BISNIS.COM, BALIKPAPAN--Keterbatasan modal dari pelaku usaha mikro dan kecil kelompok ritel menjadi salah satu penyebab pertumbuhan usaha sektor ini terkendala kendati jumlah penyaluran kredit terus bertumbuh.
Kepala Dinas Perindustrian, Perdagangan dan Koperasi (Disperindagkop) Kota Balikpapan Doortje Marpaung mengatakan pelaku usaha ritel biasanya harus menunggu beberapa waktu untuk mendapatkan pembayaran atas barang yang dikirimnya kepada pengusaha ritel yang lebih besar.
“Karena masalah ini, pengusaha skala kecil kebanyakan beralih ke usaha lain atau mencari sektor lain yang arus kas nya bisa lebih lancar,” ujarnya, Senin (20/5/2013).
Disperindagkop Kota Balikpapan mencatat jumlah UMKM yang ada mencapai 17.981 unit, terdiri atas usaha mikro sebanyak 28 unit, usaha kecil 11.998 unit, usaha menengah 4.272 unit dan yang berskala besar 1.683 unit.
Dari jumlah tersebut, yang termasuk dalam kategori ritel berskala lebih besar mencapai 81 unit.
Dia menambahkan untuk meningkatkan permodalan, pelaku usaha ritel mikro dan kecil itu tidak bisa serta merta mendapatkan pinjaman modal dari lembaga keuangan.
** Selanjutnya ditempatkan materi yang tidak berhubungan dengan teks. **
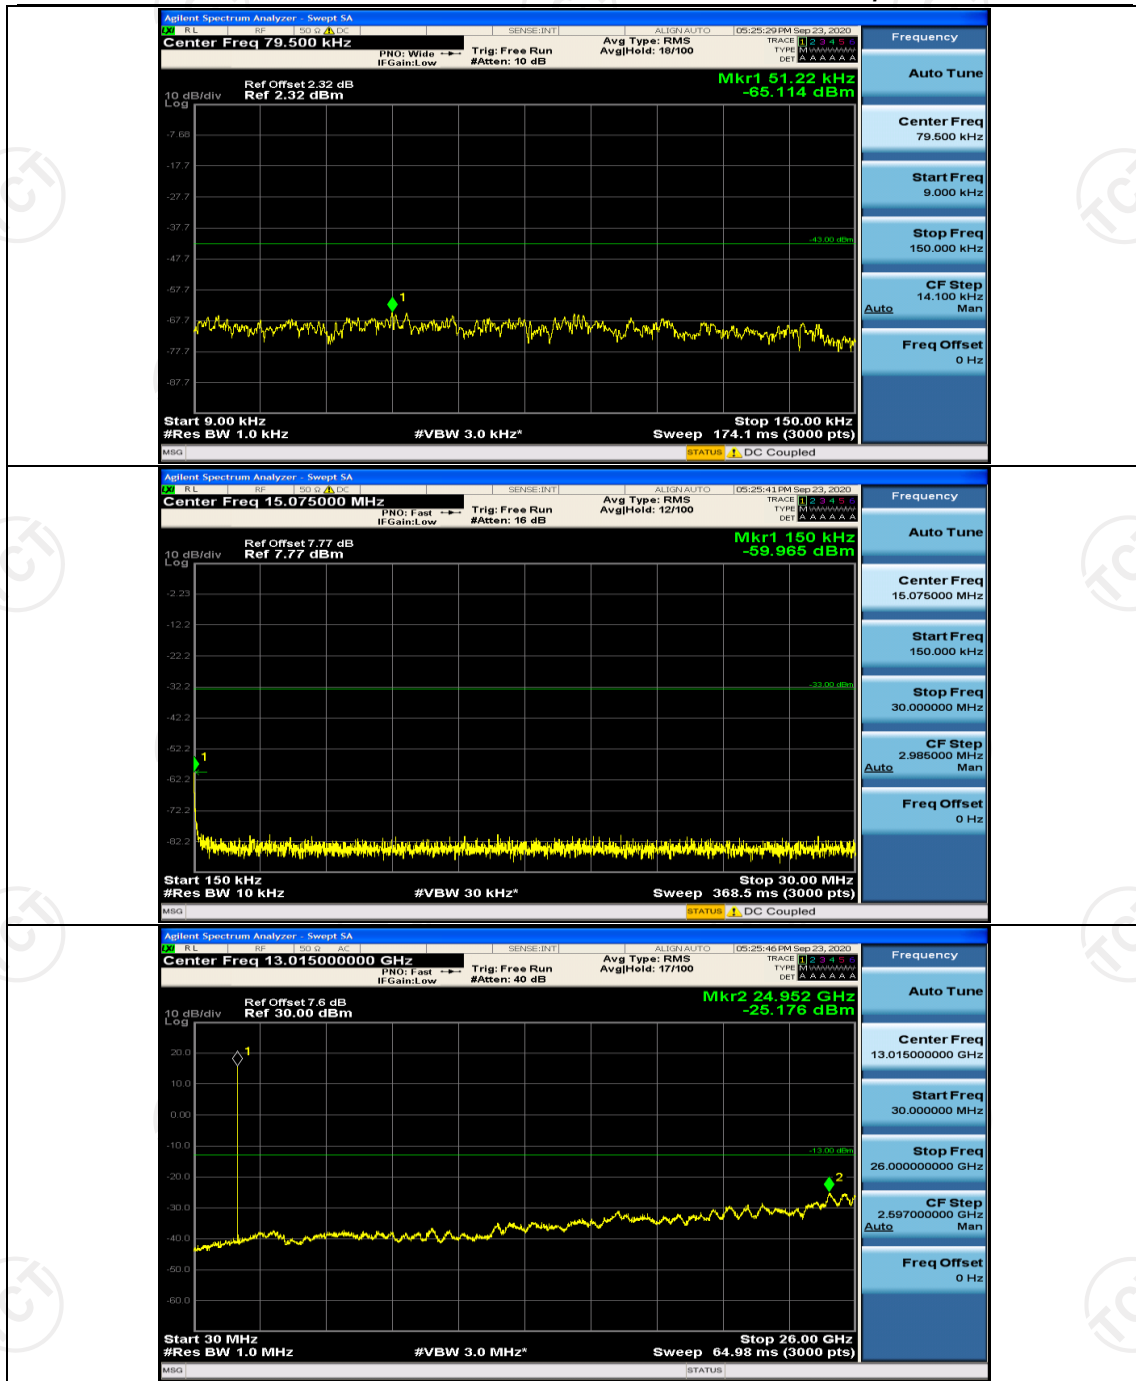

Channel Bandwidth: 10 MHz_HCH_16QAM_1RB#49

Channel Bandwidth: 15 MHz

(Channel Bandwidth:15 MHz)_HCH_16QAM_1RB#0

Channel Bandwidth: 20 MHz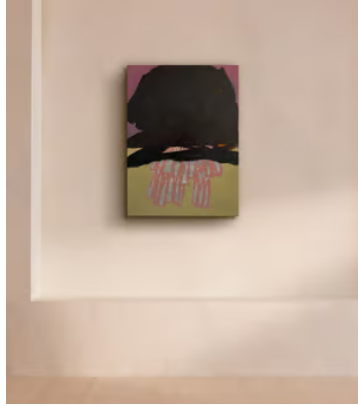

SOHO HOME

'Bear' by Henry Ward

\$3,120 Regular price

\$2,652 Member price

Contrasting colours created using oil paint on a linen canvas makes this abstract artwork.

About the artist

Although he also makes small sculptures and drawings, London-based Henry Ward works primarily as a painter. He creates all of his artworks either at his kitchen table, in his shed or at the studio as a way of opening up a constant dialogue between the way we work, and where.

Dimensions

Dimensions: H60 x W45 x D3cm / H24 x W18 x D1"

Weight: 3kg / 6.6lbs

Details

Frame included: No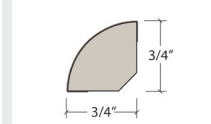

Coordinating Moldings

USA Special Order Moldings Available from Versatrim

Patina 419

SlimTrim with Track and Shim

VersaEdge Extra Tall

Moisture Proof Quarter Round

SlimCap with Track and Shim

Product Colour	SlimTrim SKU Number	VersaEdge SKU Number	Quarter Round SKU Number	SlimCap SKU Number
419 006 Silver Stria	SLT-113799	VEX-111460	MRQR-111460	SCAP-111460
419 015 Antique Brass	SLT-113797	VEX-111463	MRQR-111463	SCAP-111463
419 016 Antique Pewter	SLT-113798	VEX-111458	MRQR-111458	SCAP-111458
419 009 Graphite Stria	SLT-113802	VEX-111461	MRQR-111461	SCAP-111461
419 017 Antique Bronze	SLT-113796	VEX-111459	MRQR-111459	SCAP-111459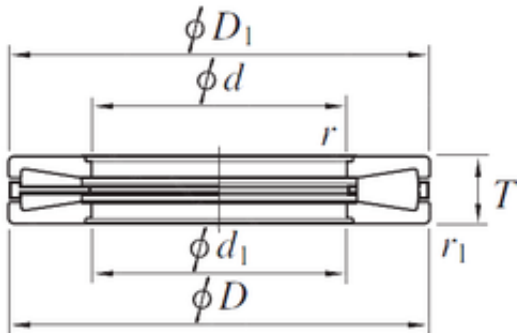

Bearing Import and Export Co., Ltd.

T16021 Tapered Roller Bearings

Bearing No. T16021

Size	406.4x711.2x146.05 mm
Bore Diameter	406.4 mm
Outer Diameter	711.2 mm
Width	146.05 mm
d	406.4 mm
D	711.2 mm
T	146.05 mm
d1	406.4 mm
r1 min.	9.7 mm
D1	711.2 mm
Weight	256 Kg
Basic dynamic load rating (C)	6 470 kN

T16021 Bearing 2D drawings and 3D CAD models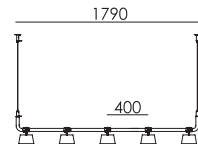

Wingnut solid brass included

● smokey black	1172	€ 3.650,-	€ 3.016,53
● flux green	1127		
○ pure white	1128		
● midnight grey	1193		
● ash grey	1191		
● striking orange	1175		
● lightning white	1174		
● thunder blue	1190		
● daybreak rose	1497		
● sunny yellow	1455		
● ice blue	1648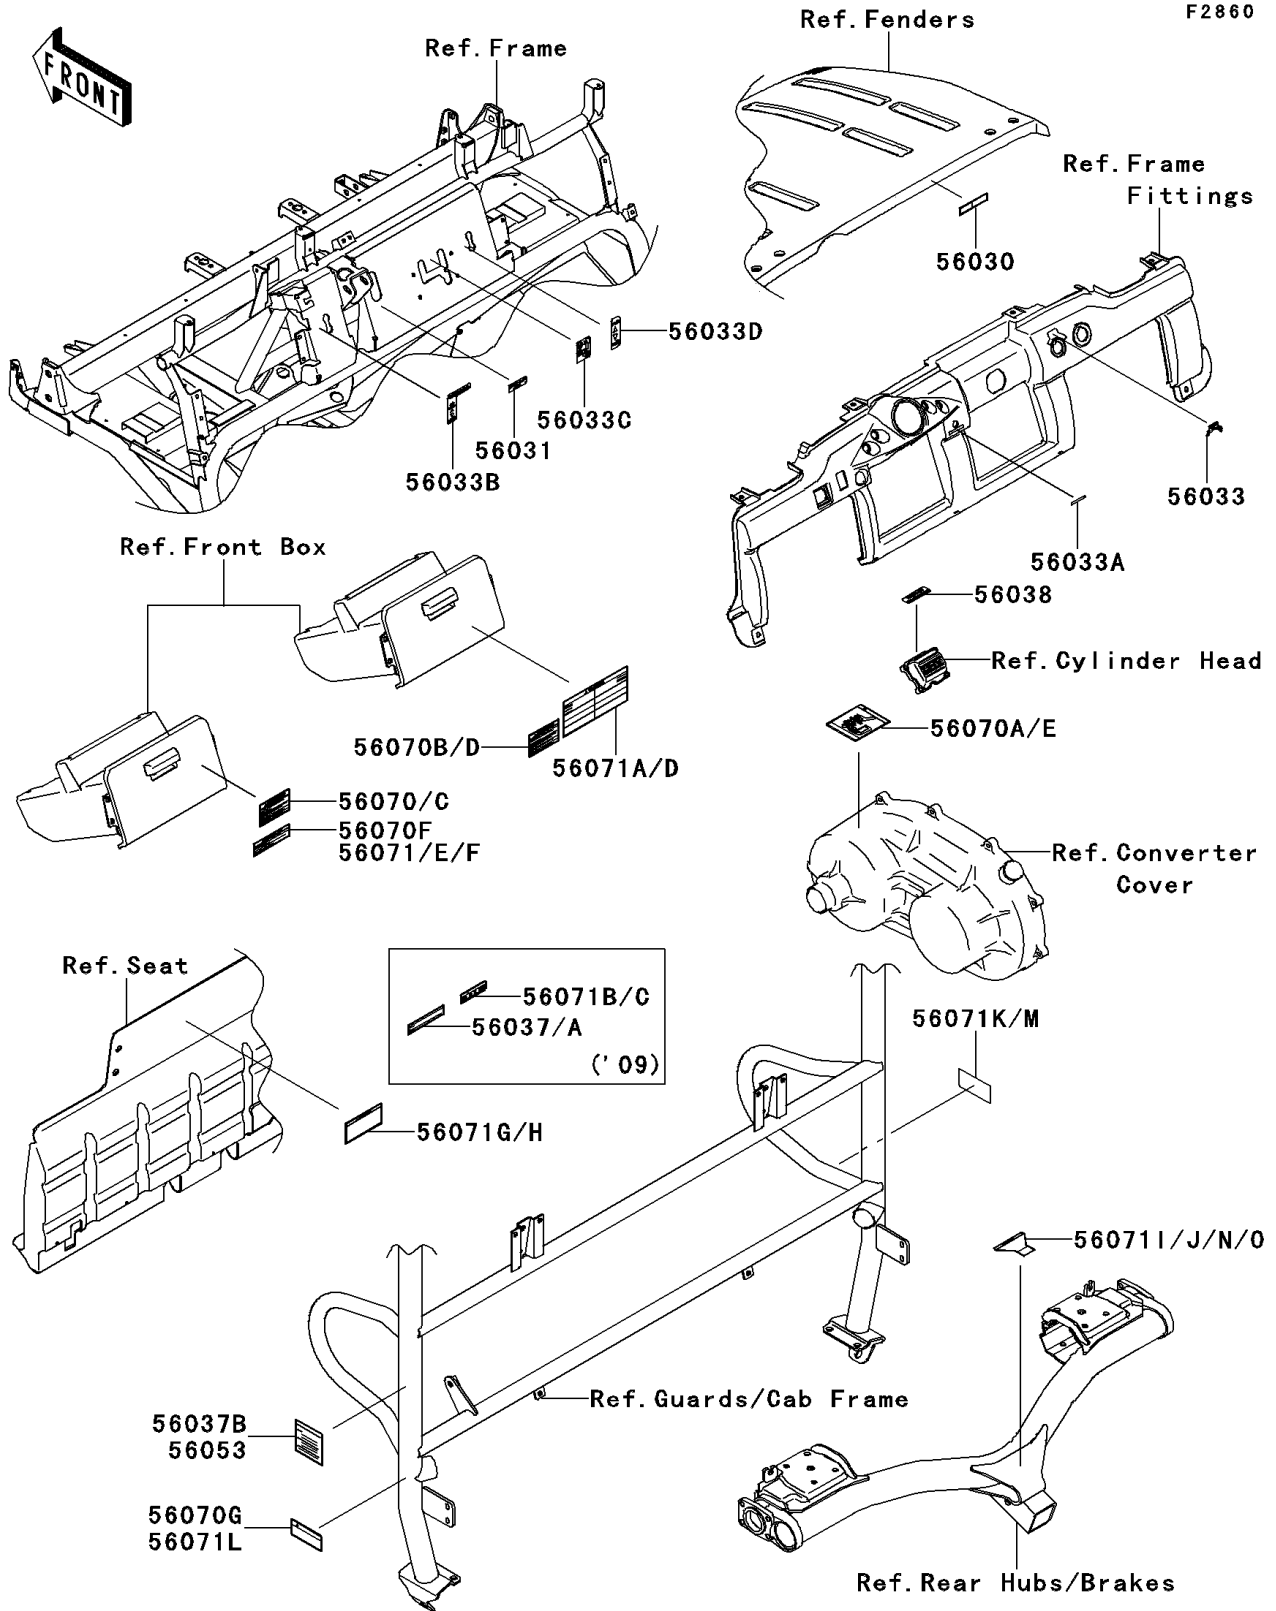

2009 Mule 4010 4x4 PARTS DIAGRAM

Labels

2009 Mule 4010 4x4 PARTS LIST

Labels

ITEM NAME	PART NUMBER	QUANTITY
LABEL,OPERATING HOOD (Ref # 56030)	56030-0267	1
LABEL-MANUAL,BRAKE FLUID LEVEL (Ref # 56031)	56031-1818	1
LABEL-MANUAL,IGNITION (Ref # 56033)	56033-0212	1
LABEL-MANUAL,POWER STEERING (Ref # 56033A)	56033-0213	1
LABEL-MANUAL,DIFF MODE (Ref # 56033B)	56033-1183	1
LABEL-MANUAL,SHIFT (Ref # 56033C)	56033-1186	1
LABEL-MANUAL,2WD/4WD (Ref # 56033D)	56033-1187	1
LABEL-SPECIFICATION,CARGO BED (Ref # 56037)	56037-1576	1
LABEL-SPECIFICATION,CARGO BED,FRN (Ref # 56037A)	56037-1903	1
LABEL-BRAND (Ref # 56038)	56038-2782	1
LABEL-SPECIFICATION,TIRE (Ref # 56053)	56053-7534	1
LABEL-WARNING,OFF-HIGHWAY (Ref # 56070)	56070-0050	1
LABEL-WARNING,HOT SURFACES (Ref # 56070A)	56070-0051	1
LABEL-WARNING,BONNET OPERATION (Ref # 56070B)	56070-0053	1
LABEL-WARNING,SHIFT CAUTION,FRN (Ref # 56070F)	56070-1211	1
LABEL-WARNING,BED RAISED (Ref # 56070G)	56070-7515	1
LABEL-WARNING,SHIFT CAUTION (Ref # 56071)	56071-0088	1
LABEL-WARNING,GENERAL (Ref # 56071A)	56071-0101	1
LABEL-WARNING,CARGO BED (Ref # 56071B)	56071-0107	1
LABEL-WARNING,CARGO BED,FRN (Ref # 56071C)	56071-0108	1
LABEL-WARNING,GASOLINE (Ref # 56071K)	56071-7501	1
LABEL-WARNING,TRAILER HITCH (Ref # 56071N)	56071-7511	1
LABEL-WARNING,TRAILER HITCH,FRN (Ref # 56071O)	56071-7512	1

Persyaratan administratif wajib dipenuhi oleh pengusaha, guna mendapatkan pinjaman untuk menambah modal usaha.
Dia mengakui lembaga keuangan juga tetap selektif dalam memilih calon debitur mengingat adanya risiko atas dana tersebut. “Itu sudah standarnya. Jadi, pengusaha juga tidak bisa langsung meningkatkan kapasitasnya,” tukasnya.
Ketua Komisi II Bidang Ekonomi, Keuangan, Anggaran, Pariwisata dan Perdagangan DPRD Kota Balikpapan Patly Parakkasi mengatakan masalah permodalan memang menjadi salah satu kendala bagi pengusaha mikro dan kecil.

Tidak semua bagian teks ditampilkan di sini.